Initially Mukpuddy developed 2D cartoons and posted them on the internet. This wasn't very successful so the trio had to supplement their income by undertaking design work and commercials. They also created and ran their own movie magazine called Mukmouth which covered new cinema releases and contained cartoons they had drawn.

==Animation==
In 2006, with Jeremy Dillon, Mukpuddy got the opportunity to make content for the Television New Zealand children's programme What Now. Its first production called Sparkle Friends was televised on both TVNZ and Australia's ABC network. In 2010, Toonz Entertainment USA, the distribution unit of Toonz Media Group, acquired the rights for worldwide distribution.

Mukpuddy then made Pocket Protectors and CRUMBS, a satire of 1980's action films for the programme. In 2012 NZ On Air funded Mukpuddy to make a one-off Christmas special called Missing Christmas. In 2016 Mukpuddy created its own children's show called The Barefoot Bandits. This show ran for three seasons on TVNZ. Voice actors for the show included Rhys Darby, Jemaine Clement, and Lucy Lawless. One of the shows voice actors Cameron Rhodes was nominated for the 2017 BTVA Television Voice Acting Award for Best Male Vocal Performance in a Television Series in a Guest Role, for his performance in the series.

Following its success with producing cartoons for What Now, Mukpuddy entered the 48 Hours filmmaking competition in 2007. Its entry Camp Fear was the first animated film to win the Auckland regionals. Mukpuddy entered the competition three more times, in 2011, 2012, and 2014 respectively, reaching the national finals each time.

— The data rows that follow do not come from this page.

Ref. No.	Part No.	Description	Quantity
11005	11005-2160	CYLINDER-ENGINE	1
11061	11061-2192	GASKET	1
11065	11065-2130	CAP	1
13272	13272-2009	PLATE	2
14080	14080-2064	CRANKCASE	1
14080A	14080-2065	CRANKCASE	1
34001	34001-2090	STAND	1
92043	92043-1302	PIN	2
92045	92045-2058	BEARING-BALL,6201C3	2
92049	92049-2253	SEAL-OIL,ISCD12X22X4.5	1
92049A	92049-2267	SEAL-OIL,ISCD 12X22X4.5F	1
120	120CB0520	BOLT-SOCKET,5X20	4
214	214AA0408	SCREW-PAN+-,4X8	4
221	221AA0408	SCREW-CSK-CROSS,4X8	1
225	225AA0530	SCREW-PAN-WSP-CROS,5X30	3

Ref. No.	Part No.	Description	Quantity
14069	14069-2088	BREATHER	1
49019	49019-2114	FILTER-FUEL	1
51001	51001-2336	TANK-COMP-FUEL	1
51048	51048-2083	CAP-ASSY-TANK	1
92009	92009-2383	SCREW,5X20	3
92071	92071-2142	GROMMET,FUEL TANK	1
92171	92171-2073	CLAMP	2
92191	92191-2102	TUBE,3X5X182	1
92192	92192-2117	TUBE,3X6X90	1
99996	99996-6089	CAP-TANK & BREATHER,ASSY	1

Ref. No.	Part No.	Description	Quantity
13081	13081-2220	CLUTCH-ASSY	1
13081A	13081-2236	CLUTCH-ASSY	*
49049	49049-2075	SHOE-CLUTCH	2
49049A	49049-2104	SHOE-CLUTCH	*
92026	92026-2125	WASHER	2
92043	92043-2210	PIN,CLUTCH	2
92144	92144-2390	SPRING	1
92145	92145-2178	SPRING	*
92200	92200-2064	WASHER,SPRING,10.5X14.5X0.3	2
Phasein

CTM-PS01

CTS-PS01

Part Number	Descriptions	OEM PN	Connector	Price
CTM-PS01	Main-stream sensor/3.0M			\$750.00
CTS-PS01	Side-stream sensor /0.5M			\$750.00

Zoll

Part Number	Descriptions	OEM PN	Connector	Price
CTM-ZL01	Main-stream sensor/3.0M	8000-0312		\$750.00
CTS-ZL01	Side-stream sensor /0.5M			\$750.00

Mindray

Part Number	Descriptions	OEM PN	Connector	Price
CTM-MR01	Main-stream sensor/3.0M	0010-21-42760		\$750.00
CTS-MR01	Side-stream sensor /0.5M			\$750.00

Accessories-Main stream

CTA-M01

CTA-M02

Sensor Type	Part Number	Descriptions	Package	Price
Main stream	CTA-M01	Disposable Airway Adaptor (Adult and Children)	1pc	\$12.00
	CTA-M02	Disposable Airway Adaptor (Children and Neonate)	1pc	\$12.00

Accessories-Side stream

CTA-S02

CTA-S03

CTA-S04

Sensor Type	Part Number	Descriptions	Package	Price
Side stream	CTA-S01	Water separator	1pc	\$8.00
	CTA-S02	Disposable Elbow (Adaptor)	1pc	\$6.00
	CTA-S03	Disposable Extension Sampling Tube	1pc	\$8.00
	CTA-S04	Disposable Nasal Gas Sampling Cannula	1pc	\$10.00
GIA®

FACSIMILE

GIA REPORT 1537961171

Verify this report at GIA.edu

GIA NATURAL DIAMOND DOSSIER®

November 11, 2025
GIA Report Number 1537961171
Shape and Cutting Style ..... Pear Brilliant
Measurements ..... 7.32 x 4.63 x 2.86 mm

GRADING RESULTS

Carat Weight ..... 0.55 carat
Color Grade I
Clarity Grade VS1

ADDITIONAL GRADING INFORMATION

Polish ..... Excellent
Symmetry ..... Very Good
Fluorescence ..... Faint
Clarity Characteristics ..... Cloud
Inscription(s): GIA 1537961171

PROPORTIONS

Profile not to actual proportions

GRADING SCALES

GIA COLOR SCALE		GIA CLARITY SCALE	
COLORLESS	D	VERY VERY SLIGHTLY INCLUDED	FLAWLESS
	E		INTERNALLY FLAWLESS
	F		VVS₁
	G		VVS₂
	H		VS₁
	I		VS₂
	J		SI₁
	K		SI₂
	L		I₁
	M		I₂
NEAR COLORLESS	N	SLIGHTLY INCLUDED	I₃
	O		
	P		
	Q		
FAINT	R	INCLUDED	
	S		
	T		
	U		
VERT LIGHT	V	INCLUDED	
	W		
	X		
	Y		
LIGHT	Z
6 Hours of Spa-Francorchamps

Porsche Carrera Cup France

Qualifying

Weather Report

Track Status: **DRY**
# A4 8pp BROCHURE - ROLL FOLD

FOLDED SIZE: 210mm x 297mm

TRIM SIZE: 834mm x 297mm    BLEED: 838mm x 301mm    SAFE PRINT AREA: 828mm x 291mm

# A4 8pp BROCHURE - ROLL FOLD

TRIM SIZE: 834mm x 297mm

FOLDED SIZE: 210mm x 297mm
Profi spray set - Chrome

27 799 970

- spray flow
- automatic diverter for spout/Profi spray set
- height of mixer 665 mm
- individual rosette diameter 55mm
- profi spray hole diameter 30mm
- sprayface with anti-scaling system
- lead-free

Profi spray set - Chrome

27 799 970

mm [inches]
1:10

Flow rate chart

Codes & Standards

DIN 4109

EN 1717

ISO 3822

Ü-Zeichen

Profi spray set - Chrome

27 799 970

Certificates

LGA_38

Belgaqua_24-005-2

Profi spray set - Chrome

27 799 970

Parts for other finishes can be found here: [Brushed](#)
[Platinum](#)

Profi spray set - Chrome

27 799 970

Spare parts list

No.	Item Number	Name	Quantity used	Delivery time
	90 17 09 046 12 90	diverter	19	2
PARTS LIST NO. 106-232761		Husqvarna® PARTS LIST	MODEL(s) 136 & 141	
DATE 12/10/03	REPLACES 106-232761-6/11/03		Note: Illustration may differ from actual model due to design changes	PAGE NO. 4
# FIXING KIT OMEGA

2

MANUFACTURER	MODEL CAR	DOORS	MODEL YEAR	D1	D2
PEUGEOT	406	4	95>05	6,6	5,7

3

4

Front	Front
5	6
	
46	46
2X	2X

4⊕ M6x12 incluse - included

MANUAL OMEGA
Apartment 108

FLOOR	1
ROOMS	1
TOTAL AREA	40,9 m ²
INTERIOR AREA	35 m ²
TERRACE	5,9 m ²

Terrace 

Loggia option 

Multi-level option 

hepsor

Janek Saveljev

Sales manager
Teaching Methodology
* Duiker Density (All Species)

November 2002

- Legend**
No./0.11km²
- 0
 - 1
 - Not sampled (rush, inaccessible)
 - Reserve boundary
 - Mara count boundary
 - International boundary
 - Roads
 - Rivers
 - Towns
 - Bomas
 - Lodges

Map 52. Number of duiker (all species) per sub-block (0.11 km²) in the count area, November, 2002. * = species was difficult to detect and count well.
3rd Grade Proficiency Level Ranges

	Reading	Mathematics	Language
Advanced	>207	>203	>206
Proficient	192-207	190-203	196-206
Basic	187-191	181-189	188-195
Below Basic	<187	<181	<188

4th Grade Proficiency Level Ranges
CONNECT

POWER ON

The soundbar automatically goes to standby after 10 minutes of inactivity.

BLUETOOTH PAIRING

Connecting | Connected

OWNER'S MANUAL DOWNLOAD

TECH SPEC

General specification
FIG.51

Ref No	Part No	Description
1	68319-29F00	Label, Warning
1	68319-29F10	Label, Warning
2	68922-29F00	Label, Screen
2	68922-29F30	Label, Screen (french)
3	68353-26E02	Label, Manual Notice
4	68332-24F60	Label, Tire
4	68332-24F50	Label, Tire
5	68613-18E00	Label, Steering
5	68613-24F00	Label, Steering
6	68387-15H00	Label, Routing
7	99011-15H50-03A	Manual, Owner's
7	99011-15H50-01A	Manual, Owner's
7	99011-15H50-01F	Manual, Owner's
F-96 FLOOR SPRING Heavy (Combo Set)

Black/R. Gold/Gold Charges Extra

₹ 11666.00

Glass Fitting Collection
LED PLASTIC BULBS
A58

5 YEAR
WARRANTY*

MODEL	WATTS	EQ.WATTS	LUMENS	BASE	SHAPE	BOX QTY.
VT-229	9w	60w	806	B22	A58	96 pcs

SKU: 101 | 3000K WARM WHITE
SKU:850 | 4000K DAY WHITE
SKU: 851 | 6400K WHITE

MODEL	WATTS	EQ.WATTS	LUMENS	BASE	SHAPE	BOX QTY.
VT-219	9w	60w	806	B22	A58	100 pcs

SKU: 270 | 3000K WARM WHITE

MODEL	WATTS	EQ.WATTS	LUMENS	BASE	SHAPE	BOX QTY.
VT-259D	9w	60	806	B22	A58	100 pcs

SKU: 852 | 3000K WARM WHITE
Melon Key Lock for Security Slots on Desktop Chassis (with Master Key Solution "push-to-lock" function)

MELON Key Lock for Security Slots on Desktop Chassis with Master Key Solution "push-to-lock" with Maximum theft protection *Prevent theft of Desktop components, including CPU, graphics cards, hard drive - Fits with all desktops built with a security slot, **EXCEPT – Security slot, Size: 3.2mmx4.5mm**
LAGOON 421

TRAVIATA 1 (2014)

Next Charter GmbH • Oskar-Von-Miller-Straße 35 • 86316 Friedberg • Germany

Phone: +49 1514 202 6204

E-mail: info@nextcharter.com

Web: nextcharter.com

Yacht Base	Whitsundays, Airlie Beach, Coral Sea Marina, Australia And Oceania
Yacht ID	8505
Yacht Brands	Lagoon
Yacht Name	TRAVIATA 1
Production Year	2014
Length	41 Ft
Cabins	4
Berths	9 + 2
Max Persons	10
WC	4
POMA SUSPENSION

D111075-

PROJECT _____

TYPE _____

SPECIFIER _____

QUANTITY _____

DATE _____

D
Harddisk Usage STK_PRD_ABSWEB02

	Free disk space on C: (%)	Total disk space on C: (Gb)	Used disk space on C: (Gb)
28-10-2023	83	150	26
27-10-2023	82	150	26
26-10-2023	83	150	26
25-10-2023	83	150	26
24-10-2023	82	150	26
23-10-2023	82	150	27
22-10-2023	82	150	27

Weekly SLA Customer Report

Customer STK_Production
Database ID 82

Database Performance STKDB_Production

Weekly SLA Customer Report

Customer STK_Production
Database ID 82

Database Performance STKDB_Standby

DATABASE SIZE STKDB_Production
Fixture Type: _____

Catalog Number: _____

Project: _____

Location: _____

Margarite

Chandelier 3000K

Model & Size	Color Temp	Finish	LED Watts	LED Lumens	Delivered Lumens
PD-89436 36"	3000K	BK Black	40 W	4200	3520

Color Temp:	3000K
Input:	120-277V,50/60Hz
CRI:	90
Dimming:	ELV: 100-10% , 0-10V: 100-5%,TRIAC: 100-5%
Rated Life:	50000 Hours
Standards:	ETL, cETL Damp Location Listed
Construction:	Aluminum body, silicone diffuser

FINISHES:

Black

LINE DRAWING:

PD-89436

By 2020 Mukpuddy had produced several series: Quimbo’s Quest, The Drawing Show, and a comedy called The Adventures of Tumeke Space. Mukpuddy also contributed to Tales of Nai Nai, Pipi Mā and The Zelfs.

Mukpuddy provided animation sequences for the 2021 film Shadow in the Cloud. In 2022 Mukpuddy decided to explore film production with a short film titled Out of Order. It also provided the animations for Wellington-based Chris Lam Sam's 2022 New Zealand Children's Music Award-winning video called Song about nothing.

==International==
By 2023 Mukpuddy employed over 40 staff and were creating a new series based on Badjelly the Witch. Also in production were The Dead Sea Squirrels working with Mike Nawrocki and Juju Brain with Pencilish Animation Studios.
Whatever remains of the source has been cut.